Goal of the exercise:
Within the data below, count the lines that include "CODIGO" and give only the count.

[Recorded data]
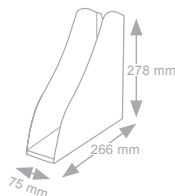

Cassettiere Mydesk Drawers cabinet - Bloc tiroirs

Cassetti scorrimento silenzioso, blocco di fine corsa. Accostabili e sovrapponibili con stabilità grazie alle corsie integrate. Abbinamento di superfici lucide e satinare.

Drawers with quiet operation and slide stops. The cabinets can be lined up or perfectly stacked thanks to built-in lugs. Combination of polished and satin surfaces.

Tiroirs coulissants silencieux et butée d'arrêt. Modulaire et superposition très stable grâce à des ergots. Décor contrasté mat et brillant.

ref.	colore/color/ couleur	8003438...	pz/pcs
18P4PCA	CAMEL	...032218	1

Portacorrispondenza Vintage Letter tray - Corbeille à courrier

Per A4 fino a cm 23 x 32. Sovrapponibile diritto o a scalare. A richiesta sono disponibili distanziali per sovrapporre due o più pezzi raddoppiando lo spazio tra i portacorrispondenza. Finitura lucida.

Takes A4 sheets up to cm 23 x 32. Can be stacked vertically or in steps, remaining stable. Plastic risers are available optional for stacking of two or more trays in order to double storage space. Glossy finish.

Accepte le format A4 et jusqu'à cm 23 x 32. Empilable en vertical ou à échelle. Sont disponibles des rehausse pour la superposition de plus corbeilles et doubler l'espace utile entre les corbeilles. Finition brillante.

ref.	colore/color/ couleur	8003438...	pz/pcs
85510CA	CAMEL	...032249	10

Portariviste Vintage Magazine file holder - Porte revues

Per archiviare riviste, cataloghi, cartelline. Le aperture sul dorso permettono di intravedere il contenuto. La soglia anteriore molto bassa permette di estrarre con facilità i documenti dall'archivio.
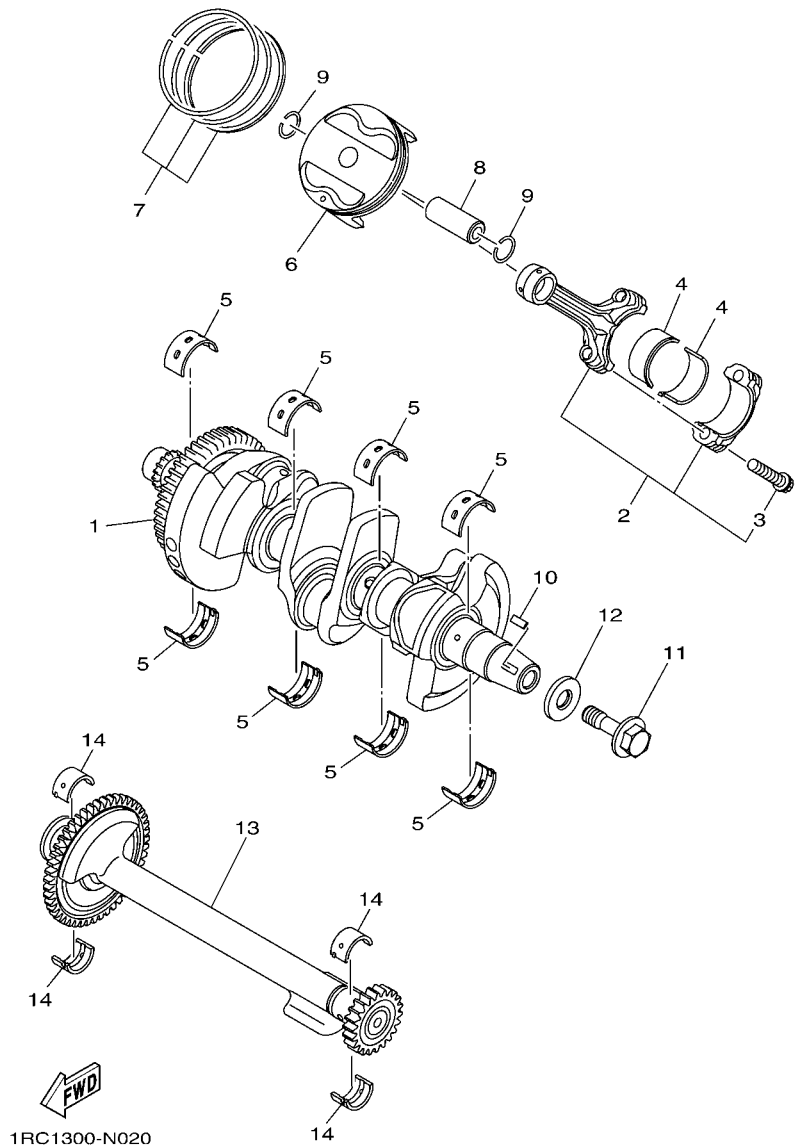

FIG. 1 CULATA DE CILINDRO

REF. Nº	CODIGO Nº	DESCRIPCION	ZDR4				OBSERVACIONES
1	1RC-11101-09	CULATA DE CILINDRO COMPLETA	1				
2	2C0-11133-11	.GUIA DE VALVULA 1	12				
3	90105-06027	.TORNILLO	16				
4	90340-18002	.TORNILLO, DE DRENAJE	2				
5	91808-16023	.PASADOR DE CLAVIJA	6				
6	90116-08087	ESPÁRRAGO	6				
7	90119-09015	TORNILLO CON ARANDELA	8				
8	90109-061F7	PERNO	4				
9	94701-00431	BUJIA (NGK R CPR9EA)	3				
10	90109-06293	PERNO	1				
11	5VY-1111G-00	CASQUILLO DE GOMA	1				
12	1RC-11181-00	JUNTA, DE CULATA 1	1				
13	1RC-11191-00	TAPA CULATA DE CILINDRO 1	1				
14	5BE-12241-00	.TOPE DE GUIA 2	1				
15	1RC-11193-00	EMPAQUE	1				
16	5JW-1482K-01	PLACA	1				
17	5VY-1482K-00	PLACA	2				
18	5SL-14890-00	VALVULA DE LENGUETA COMPLETA	1				
19	5SL-14899-00	TAPA, DE CAJA	1				
20	5PS-14890-00	VALVULA DE LAMINAS COMPLETA	1				
21	5JW-14889-00	TAPA DE CAJA	1				
22	90110-06175	TORNILLO ALLEN	4				
23	1RC-11165-00	PLACA RESPIRADERO	1				
24	1RC-11169-00	EMAPQ CBTA.DE RESP.	1				
25	90149-05037	TORNILLO DE REGLAJE	5				
26	4TR-11167-00	CUBIERTA RESPIRADERO 2	1				
27	90109-066F0	PERNO	3				

FIG. 1 CULATA DE CILINDRO

REF. Nº	CODIGO Nº	DESCRIPCION	2DR4				OBSERVACIONES
28	5VY-1111G-00	CASQUILLO DE GOMA	3				
29	90109-06271	PERNO	1				
30	5VY-1111G-00	CASQUILLO DE GOMA	1				
31	99530-12016	PASADOR, DE ESPIGA	2

Result of this exercise:
2